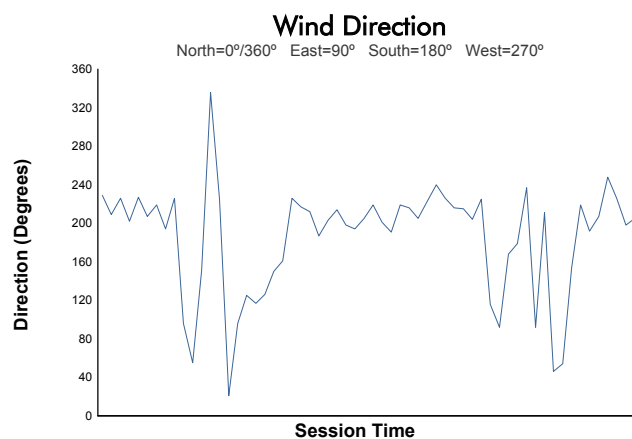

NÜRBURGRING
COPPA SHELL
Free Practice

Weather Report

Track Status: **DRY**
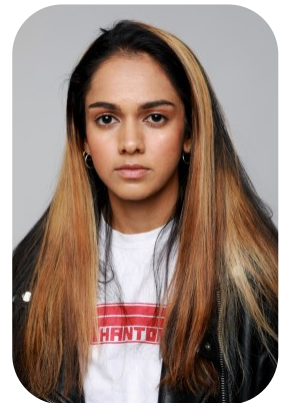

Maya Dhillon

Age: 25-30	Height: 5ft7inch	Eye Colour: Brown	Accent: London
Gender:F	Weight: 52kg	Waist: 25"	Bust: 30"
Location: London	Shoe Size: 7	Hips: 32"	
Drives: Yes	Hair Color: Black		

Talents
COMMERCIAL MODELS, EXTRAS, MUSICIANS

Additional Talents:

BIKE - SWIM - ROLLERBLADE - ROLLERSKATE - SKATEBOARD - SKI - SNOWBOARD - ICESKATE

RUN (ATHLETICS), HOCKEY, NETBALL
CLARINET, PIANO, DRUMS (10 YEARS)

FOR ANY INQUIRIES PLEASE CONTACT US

= = =

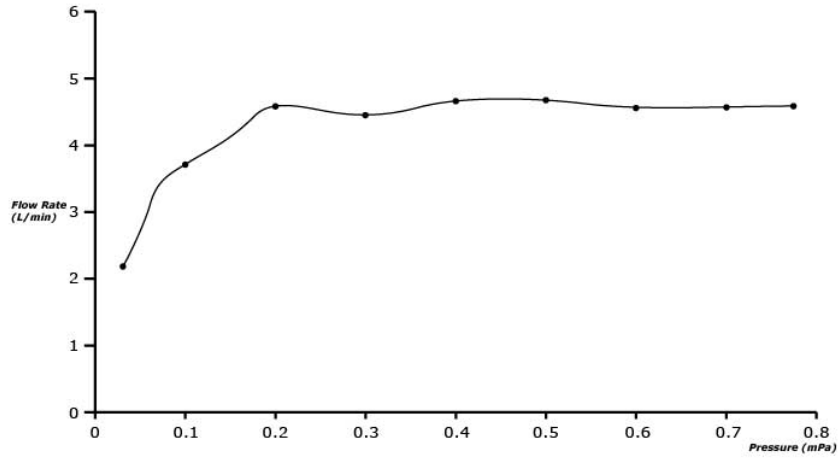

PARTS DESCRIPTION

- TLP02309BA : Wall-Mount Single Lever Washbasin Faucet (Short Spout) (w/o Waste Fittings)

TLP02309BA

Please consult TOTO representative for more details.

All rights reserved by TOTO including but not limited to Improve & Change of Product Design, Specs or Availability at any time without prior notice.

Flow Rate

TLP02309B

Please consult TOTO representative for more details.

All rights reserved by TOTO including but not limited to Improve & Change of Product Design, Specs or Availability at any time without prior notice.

= = =

## Task description
Copy the listing above exactly, but only from the line with "NÜRBURGRING" through the line with "FOR ANY INQUIRIES PLEASE CONTACT US", including those two lines and excluding any picture.

## Finished exercise
NÜRBURGRING
COPPA SHELL
Free Practice

Weather Report

Track Status: **DRY**

Maya Dhillon

Age: 25-30	Height: 5ft7inch	Eye Colour: Brown	Accent: London
Gender:F	Weight: 52kg	Waist: 25"	Bust: 30"
Location: London	Shoe Size: 7	Hips: 32"	
Drives: Yes	Hair Color: Black		

Talents
COMMERCIAL MODELS, EXTRAS, MUSICIANS

Additional Talents:

BIKE - SWIM - ROLLERBLADE - ROLLERSKATE - SKATEBOARD - SKI - SNOWBOARD - ICESKATE

RUN (ATHLETICS), HOCKEY, NETBALL
CLARINET, PIANO, DRUMS (10 YEARS)

FOR ANY INQUIRIES PLEASE CONTACT US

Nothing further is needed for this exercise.